The Elements of Hyperautomation and How It Fits into a Modern IT Stack

 The Elements of Hyperautomation and How It Fits into a Modern IT Stack

In this special guest feature, Robert Duffner, digital portfolio leader for NTT DATA‘s Enterprise Application Services, outlines what hyperautomation is and how to determine if it is a fit for your organization. Robert Duffner has over 25+ years’ experience in enterprise software having successfully created two startups and held product leadership roles at IBM, Microsoft, Salesforce, ServiceNow, AWS and Docker. As a global technology executive, he blends his background in software product management and modern application development with a depth of experience in enterprise architecture, developer engagement, and design thinking. Robert is passionate about helping clients successfully deliver on their digital transformation initiatives.

Hyperautomation includes using advanced technologies, like artificial intelligence (AI) and machine learning (ML), to automate processes and tasks in order to improve efficiency and productivity across various industries and processes. With the help of AI and ML, hyperautomation can identify patterns and insights that can be used to optimize automation processes and make them more efficient and effective. This article examines the fundamental components of hyperautomation as it applies to businesses and how it fits into a modern IT architecture stack. 

The goal of this article is to (1) help the reader better understand hyperautomation and the various components that make up this concept, and (2) allow you to effectively sift through the swath of technologies available and prioritize the most relevant ones for your digital initiatives. Hyperautomation is a customer journey, not a destination, with the goal of making your enterprise more resilient. 

It is worth noting that AI and ML are related but distinct concepts. AI is a broader term that encompasses multiple technologies and approaches in the simulation of human intelligence such as recognizing speech or patterns, solving problems, and making decisions. ML is a specific approach to achieving AI. By learning from large data sets, ML focuses on the development of algorithms and statistical models that enable computers to perform tasks without explicit instructions. Most of the components introduced here are ML-based.

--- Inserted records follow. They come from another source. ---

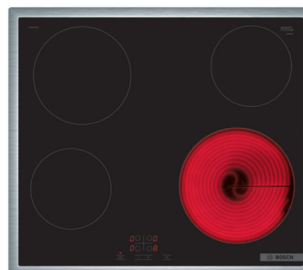

## Ugradna staklokeramička ploča Bosch PKE645BA2E

Šifra: 82329  
Kategorija proizvoda: Ugradne ploče  
Proizvođač: BOSCH

Cena: **31.010** rsd

Garancija:	2 godine
Dubina:	51,3 cm
Širina:	58,3 cm
Boja:	Crna
Vrsta ploče za kuvanje:	Staklokeramička
Visina ugradne ploče za kuvanje:	4,8 cm
Sigurnosni sistem:	- Digitalni dvostepeni indikator preostale toplote za svaku ploču za kuvanje: ukazuje na to koje su zone za kuvanje još uvek vruće ili tople. - Sigurnosna brava koja štiti decu: sprečava nenamerno aktiviranje ploče za kuvanje. - Glavni prekidač: isključite sve zone za kuvanje jednostavnim dodiranjem dugmeta. - Indikator uključivanja: ukazuje na to da li se ploča za kuvanje zagreva. - Sigurnosno isključivanje: iz bezbednosnih razloga, grejanje se zaustavlja nakon što istekne unapred podešeno vreme bez interakcije (prilagodljivo).
Površina za kuvanje:	- Prednji levi: 145 mm, 1.2 kW - Zadnji levi: 180 mm, 2 kW - Zadnji desni: 145 mm, 1.2 kW - Prednji desni: 210 mm, 2.2 kW
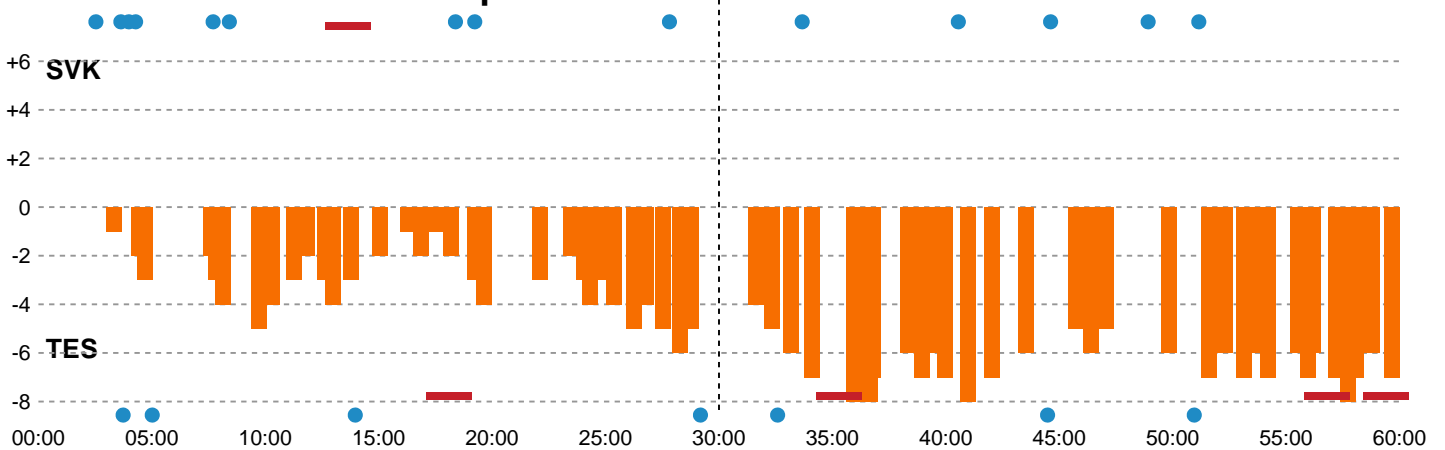

Fordeling af mål og skud

Silkeborg-Voel KFUM - Team Esbjerg - 28-35 (13-18)

Intet billede angivet

391553 / 15.04.2022, 16.00 / JYSK Arena A / Bambusa Kvindeligaen - Slutspil Pulje 2

Angrebet sluttede med:

Skuddene endte med:

Teknisk fejl

2 min

Assist

Målforskel i løbet af kampen

Shotplot for Første halvleg

Silkeborg-Voel KFUM - Team Esbjerg - 28-35 (13-18)

391553 / 15.04.2022, 16.00 / JYSK Arena A / Bambusa Kvindeligaen - Slutspil Pulje 2
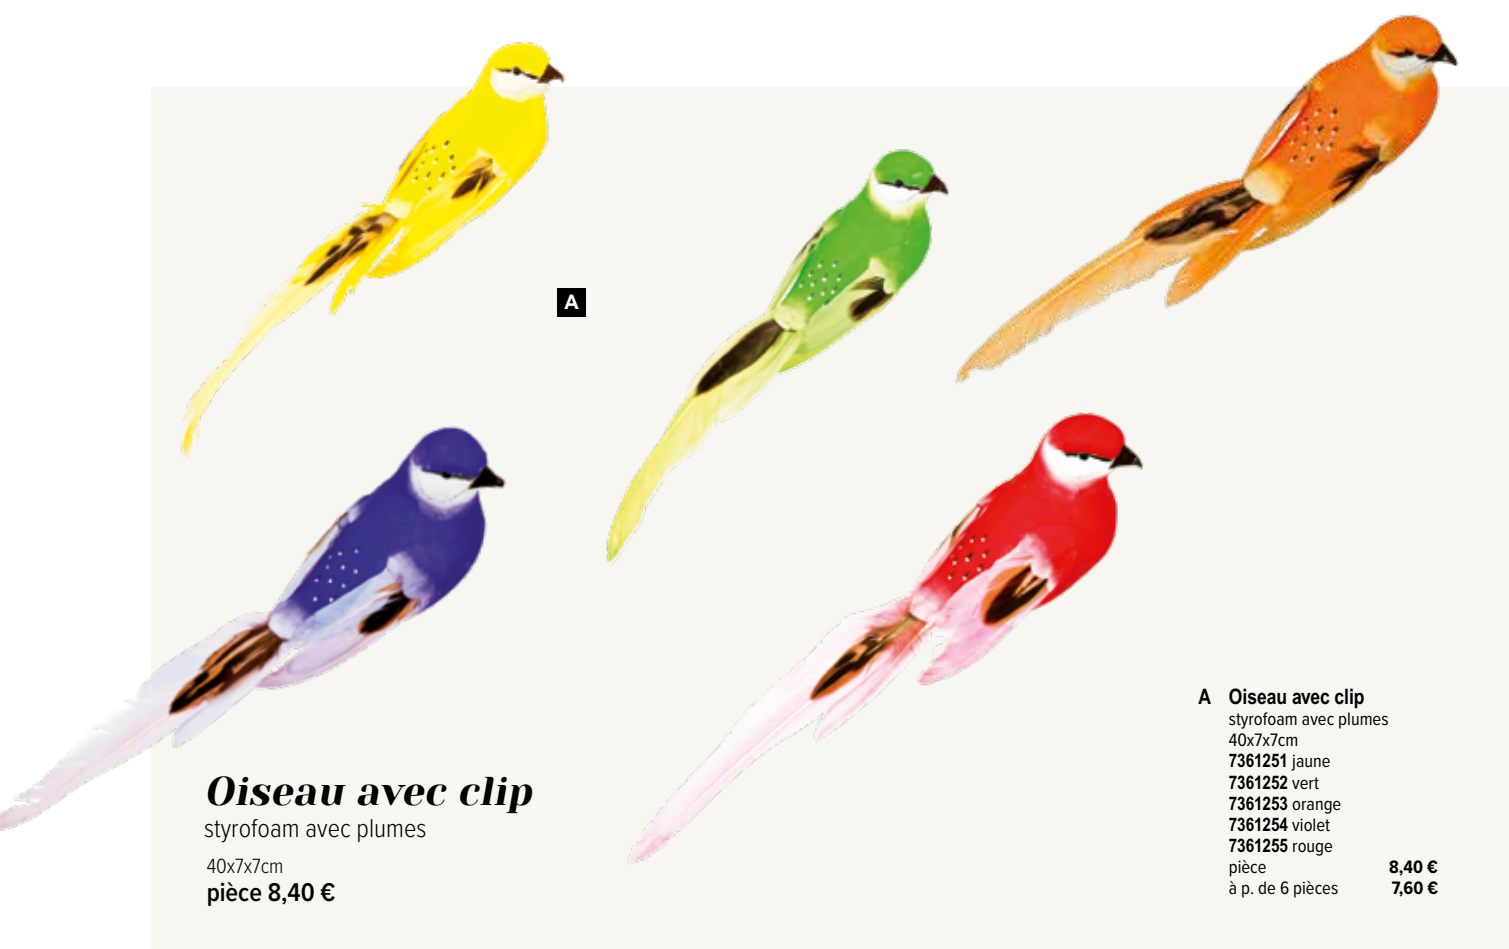

Oiseau avec clip

styrofoam avec plumes

40x7x7cm

pièce 8,40 €

A Oiseau avec clip

styrofoam avec plumes

40x7x7cm

7361251 jaune

7361252 vert

7361253 orange

7361254 violet

7361255 rouge

pièce

8,40 €

à p. de 6 pièces

7,60 €
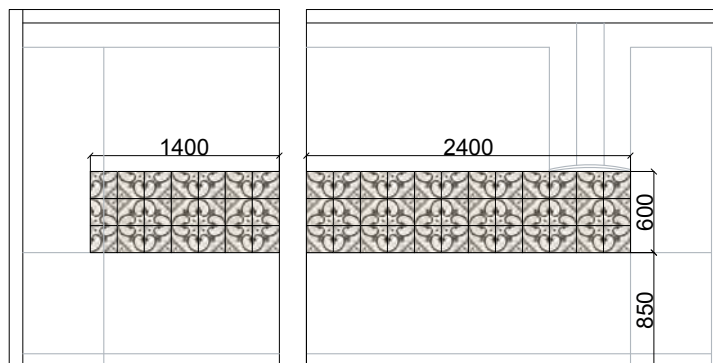

Кухня

Обозн.	Тип материала	Кол-во	Обозн.	Тип материала	Кол-во
	Керамогранит Del Conca London Soho 20x20	60шт		Lararet Amber бежевый 20x60	5,5м2
	Lararet Alabama 20x60 бежевая, мозаика	3,2м2		Lararet Amber бежевый узор 20x60	3,7м2
	Lararet Alabama 20x60 бежевая	20,0м2		Бордюр метал. серебро глянцевое 2,9x60	32 шт
	Керамогранит Amber бежевый 40,2x40,2мм	6,0м2		Профиль метал. угловой	1 шт

Согласовано

Заказчик: _____
"___" _____ 20__ г

Remont-ot-i-do.ru
+7 901-909-84-56

ЖК "Мир Митино"

Плиточные работы. Развертки стен ванной и санузла.

Лист
12
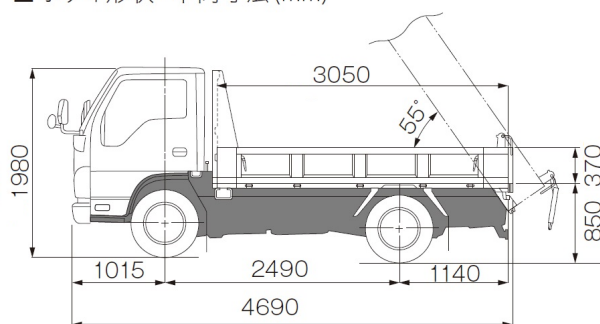

名称	3 t ダンプ低床		
型式	2RG-NKR88AD-EJ6AK5-M		
メーカー	いすゞ		
NETIS	-		
C D No.	43160		
■仕様			
最大積載量	kg	3000	
トランスミッション	マニュアル6速		
乗車定員	人	3	
重量	車両重量	kg	2810
	車両総重量	kg	5975
車両寸法	全長	mm	4690
	全幅	mm	1695
	全高	mm	1980
荷台内寸	長さ	mm	3050
	幅	mm	1600
	高さ	mm	370
荷台床面地上高	mm	850	
エンジン	型式	4JZ1-TCS	
	種類	直列4気筒直噴射式	
	最高出力 ネット	kW(PS)	110 (150)
	燃料種類	軽油	
バッテリー型式	65D23L×2		
燃料タンク容量	L	60	
尿素タンク容量	L	10	
タイヤ	前 205 / 75R 16 後 205 / 75R 16		

■ ボディ形状・車両寸法(mm)

■ 荷台内寸法(mm)
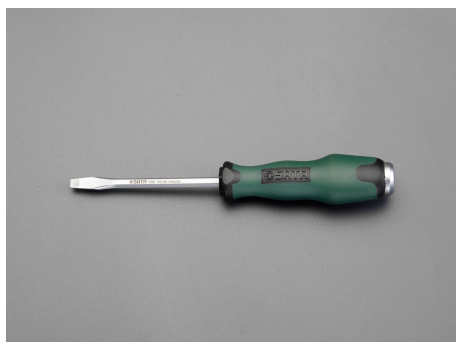

品番 : EA683SB-150A

品名 : 8.0x1.6 mm/150mm [-]ドライバー(貫通柄)

販売価格	990円(税抜) / 1,089円(税込)		
カタログ価格	990円(税抜) / 1,089円(税込)		
在庫数	最新在庫: 181 (2026/07/03 13:30現在)		
商品入数	1	販売単位	本
カタログページ	0526ページ		

仕様

メーカー	SATA	型番	61606
貫通柄の為、ハンマーで叩けます。			
刃幅×刃厚(mm)	8.0×1.6	軸長(mm)	150
全長	272mm	材質	軸部:クロムモリブデン鋼、 ハンドル部:硬質樹脂
先端マグネット付			
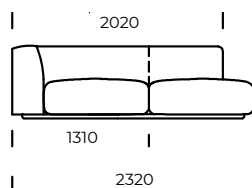

BEINE / RAHMEN

Buchenholz

OPTION

Alle Optionen sind mit oder ohne Kissen erhältlich.

Technische Abmessungen MARGO (mm)					
1	Gesamthöhe	710	4	Sitztiefe	820
2	Sitzhöhe	380	5	Sitztiefe mit Kissen	650
3	Armlehnenhöhe	1120	6	Höhe der Beine	40

Sofa 1

Sofa 2

Sessel

Peninsula links

Chaise longue Rechts

Puff

Alle Optionen sind mit oder ohne Kissen erhältlich.

Alle angebotenen Elemente können spiegelbildlich bestellt werden.
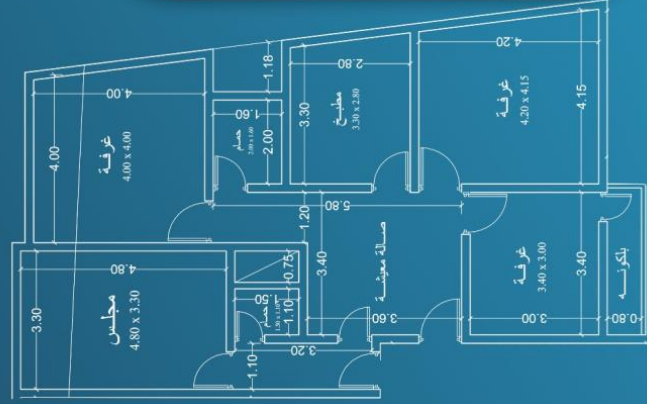

# مكونات الشقة

الشقة A  
المساحة = 150 م<sup>2</sup>

قسم الضيوف : مجلس + حمام مستقل

القسم العائلي : ٣ غرف + صالة + مطبخ + حمام عائلي

# مكونات الشقة

الشقة B  
المساحة = 150م<sup>2</sup>

3d plan

قسم الضيوف : مجلس + حمام مستقل  
القسم العائلي: ٣ غرف + صالة + مطبخ + حمام عائلي
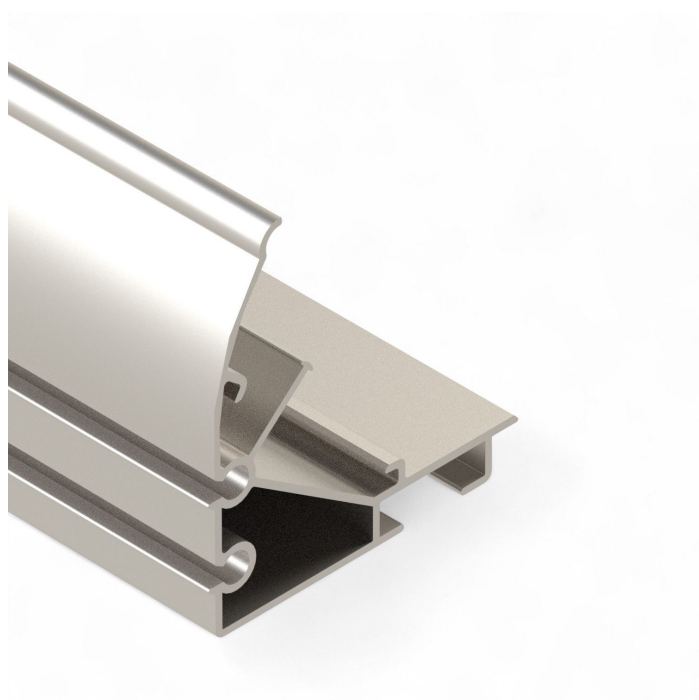

Resumen

Screenprofil II Largo: 6,40 m - 154 unid./fardo

Número de producto: 37001641

Opciones

UDE

haz

lose

TGU GmbH & Co. KG
Joseph-Monier-Str. 2
48268 Greven
Deutschland

Kontakt:
Telefon: +49 2575/95587-
15
Fax: +49 2575/95587-87
E-Mail: info@tgu-shop.com

Rechtliches:
Amtsgericht Ibbenbüren
USt-ID-Nr.:
DE 125543036

Descripción

- **Campo de aplicación:** Transporte del tejido en sistemas de sombreo colocados
- **Material:** Aluminio
- **Longitud:** 6,40 m
- **Particularidad:** Dos alojamientos para la lengüeta de goma permiten una instalación flexible

El **Screenprofil II** actúa como solución fiable para el transporte del tejido en sistemas de sombreo colocados. En casos especiales, también puede emplearse en sistemas suspendidos.

Gracias a sus dos alojamientos para la lengüeta de goma, el perfil ofrece una opción de montaje flexible y asegura una fijación segura del tejido de sombreo.

What makes automation “hyper?”

Hyperautomation goes beyond traditional automation tools by using a combination of artificial intelligence (AI) and machine learning (ML), to achieve higher levels of efficiency and productivity. Increasingly, it employs low-code/no-code software development tools to make creating the code behind the automation simpler and faster. It also offers expanded capabilities such as process mining with AI and ML, transforming business processes and enabling new ones that would have otherwise been impossible with simple automation capabilities. This combination of technologies and expanded capabilities makes hyperautomation “hyper” or more advanced compared to traditional automation.

Fig.1. Hyperautomation Customer Journey: A business-driven technology framework that accelerates digital transformation initiatives. 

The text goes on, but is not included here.